#### [INFORMATION PROVIDED]
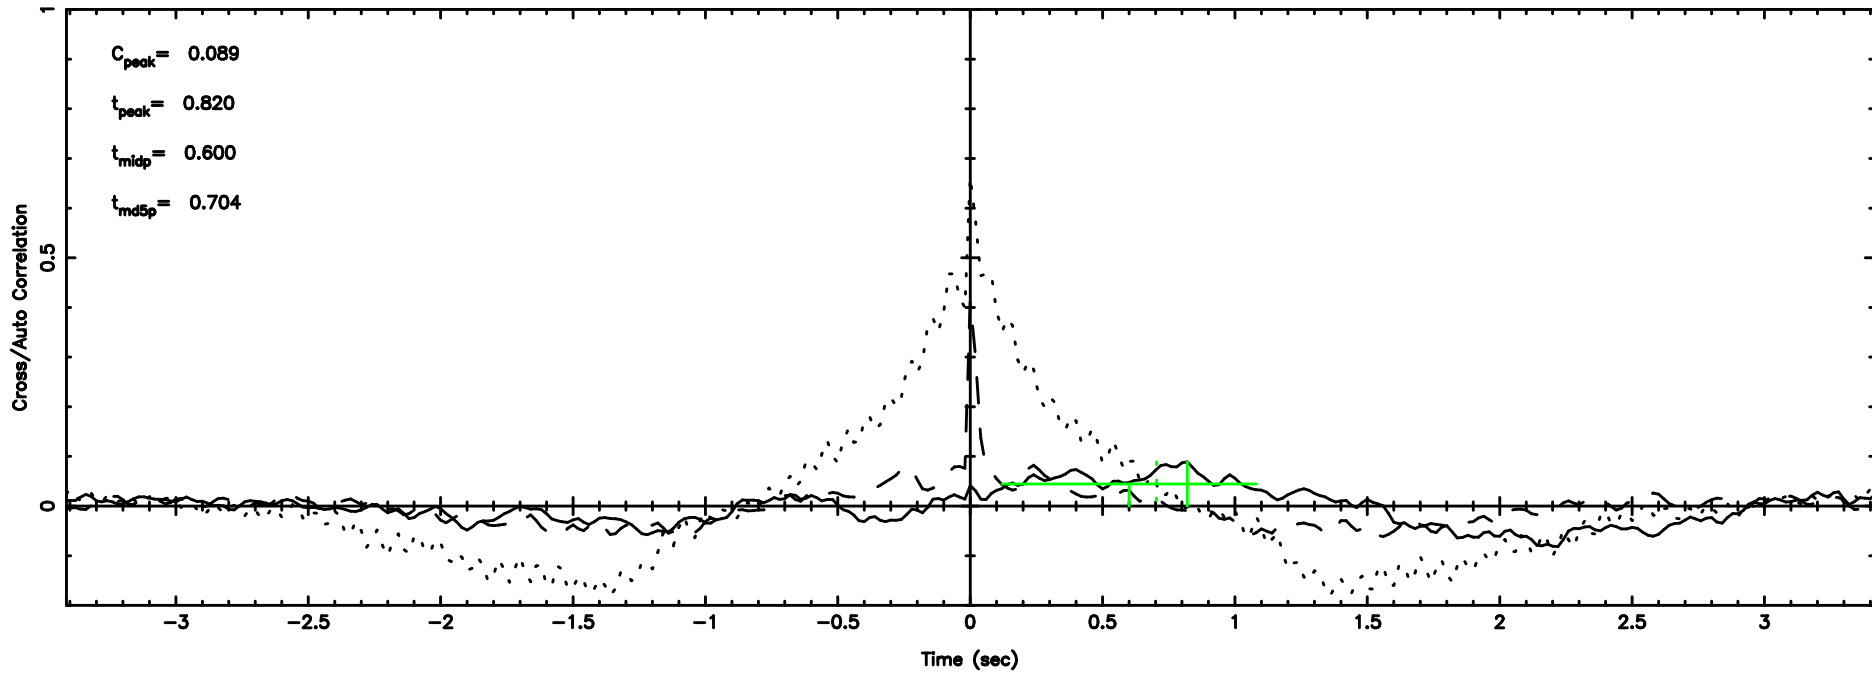

F20240702084449

BLK: 4,SNR1: 3.7582 ,SNR2: 10.937

Frequency (Hz)

0333+32 2024/07/01 23.77UT TOYOKAWA-FUJI

T20240702084447

BLK:18,SNR1: 0.19280 ,SNR2: 1.1636

Frequency (Hz)

K20240702084445
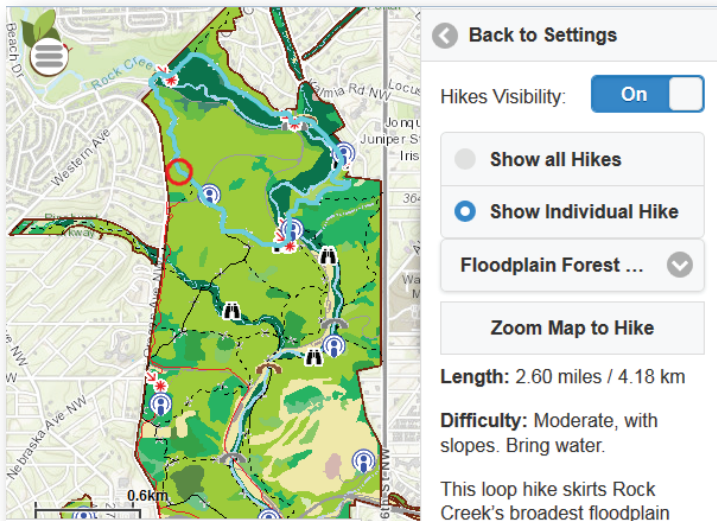

## What

ExploreNaturalCommunities.org, a NatureServe website, is packed full of interesting information about natural communities in our national parks. The website offers rich descriptions, images, interactive maps, podcasts, and videos of natural communities and the plants and animals that live in them. Users can track their location in the park on mobile interactive maps while following suggested hikes, learn about natural communities and natural highlights along the trails, and listen to informational podcasts. Visitors can learn how they can get involved and help protect the park's natural resources. Park staff can more effectively interpret and manage the natural resources in their park with customizable scientific information, tools, and detailed maps.

### Explore the Interactive Map

Discover natural communities in the park and where to find them.

Build a customized hike on the desktop interactive map or find a pre-built hike on the mobile map.

Locate natural highlights and good places to view natural communities.
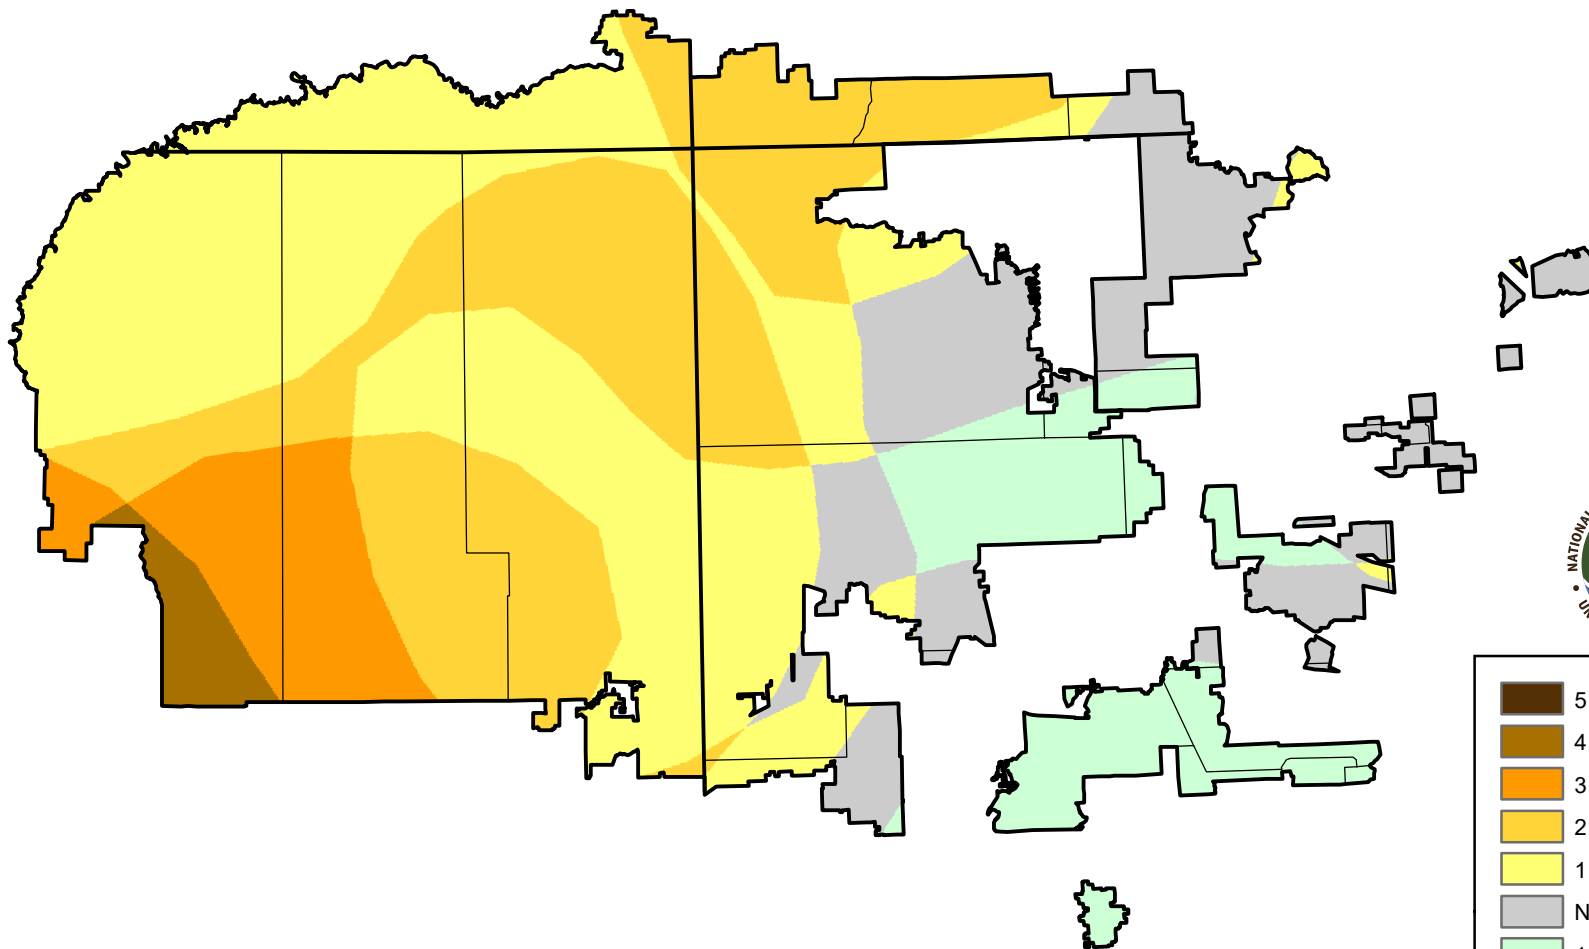

U.S. Drought Monitor Class Change - 4 Corners

52 Week

August 22, 2006
compared to
August 25, 2005

droughtmonitor.unl.edu

-  5 Class Degradation
-  4 Class Degradation
-  3 Class Degradation
-  2 Class Degradation
-  1 Class Degradation
-  No Change
-  1 Class Improvement
-  2 Class Improvement
-  3 Class Improvement
-  4 Class Improvement
-  5 Class Improvement
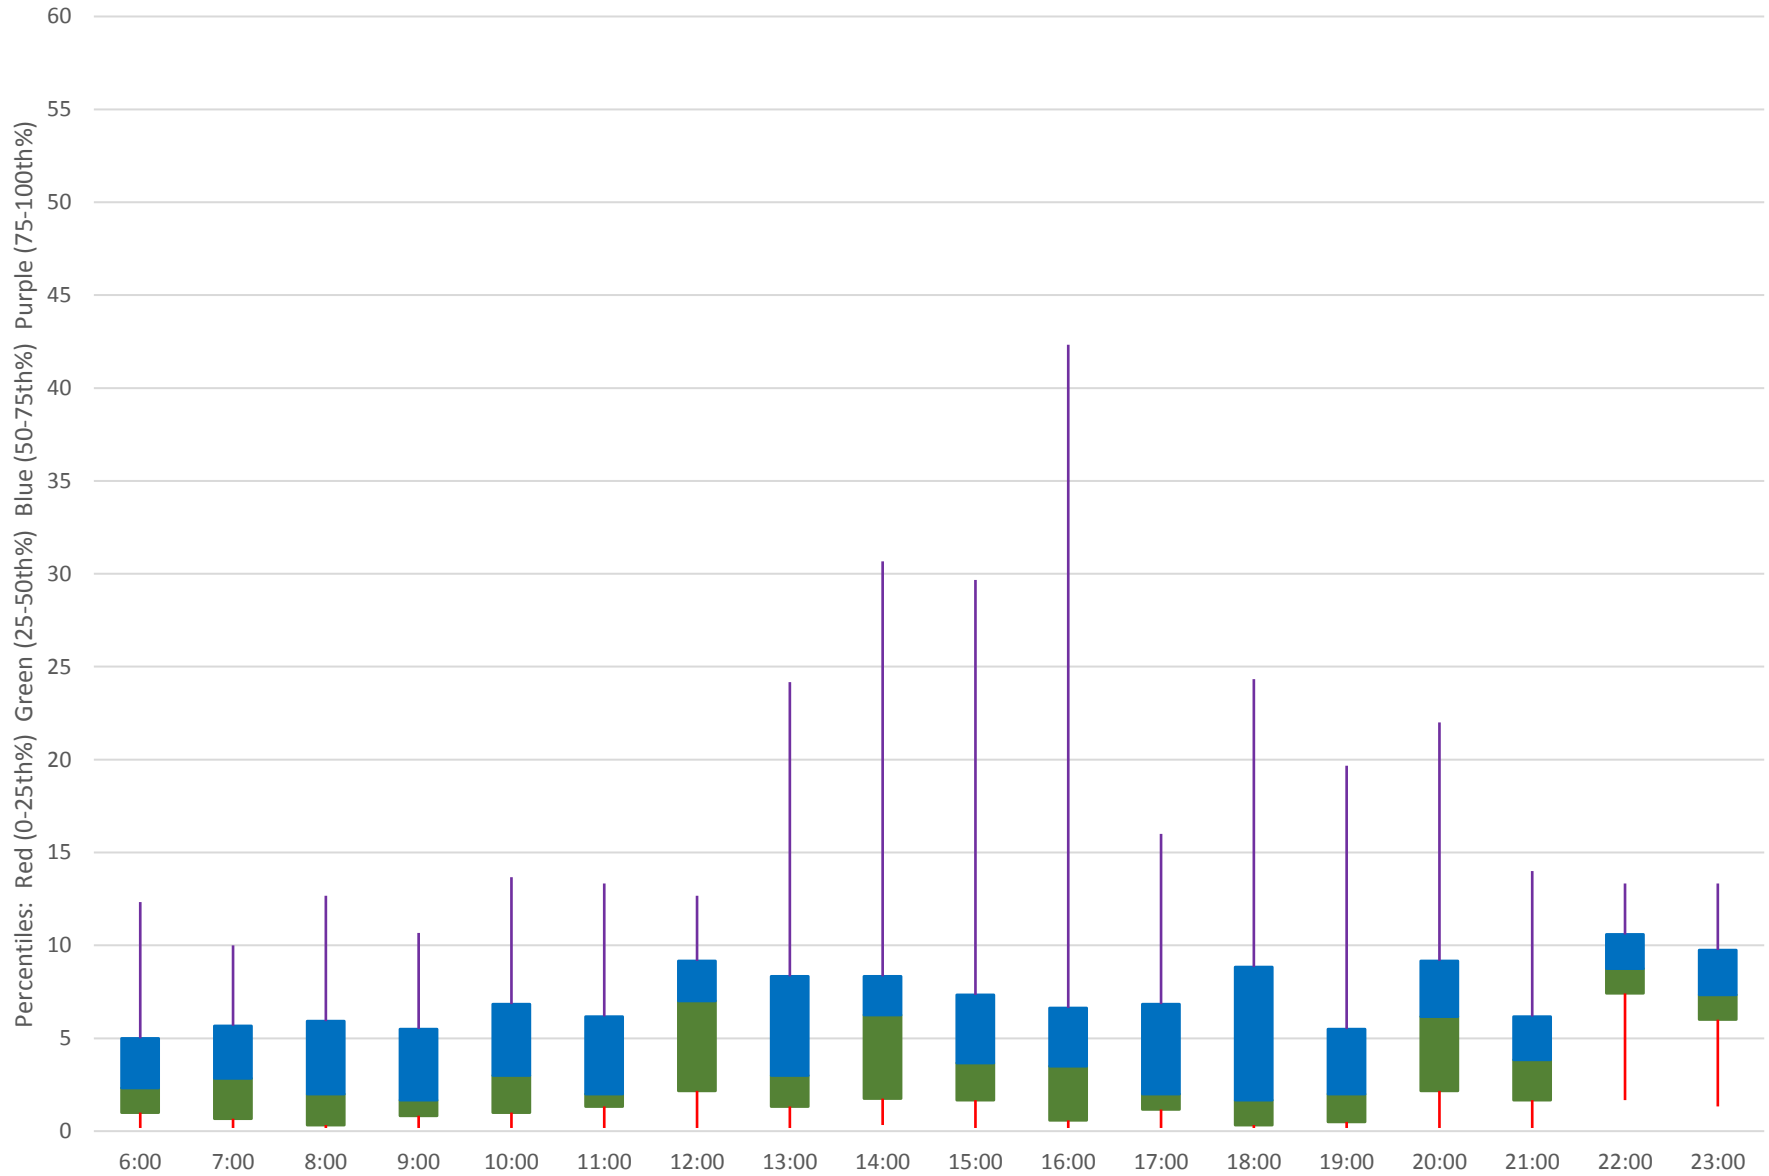

35 Jane Headways at Lawrence Northbound October 2020

Quartiles Week 3

#### [EXERCISE AIM]
Beginning with the first line of the records, write out every line up to and including the one with "August 22, 2006", exactly, and omit all pictures.

#### [YOUR RESPONSE]
F20240702084449

BLK: 4,SNR1: 3.7582 ,SNR2: 10.937

Frequency (Hz)

0333+32 2024/07/01 23.77UT TOYOKAWA-FUJI

T20240702084447

BLK:18,SNR1: 0.19280 ,SNR2: 1.1636

Frequency (Hz)

K20240702084445

## What

ExploreNaturalCommunities.org, a NatureServe website, is packed full of interesting information about natural communities in our national parks. The website offers rich descriptions, images, interactive maps, podcasts, and videos of natural communities and the plants and animals that live in them. Users can track their location in the park on mobile interactive maps while following suggested hikes, learn about natural communities and natural highlights along the trails, and listen to informational podcasts. Visitors can learn how they can get involved and help protect the park's natural resources. Park staff can more effectively interpret and manage the natural resources in their park with customizable scientific information, tools, and detailed maps.

### Explore the Interactive Map

Discover natural communities in the park and where to find them.

Build a customized hike on the desktop interactive map or find a pre-built hike on the mobile map.

Locate natural highlights and good places to view natural communities.

U.S. Drought Monitor Class Change - 4 Corners

52 Week

August 22, 2006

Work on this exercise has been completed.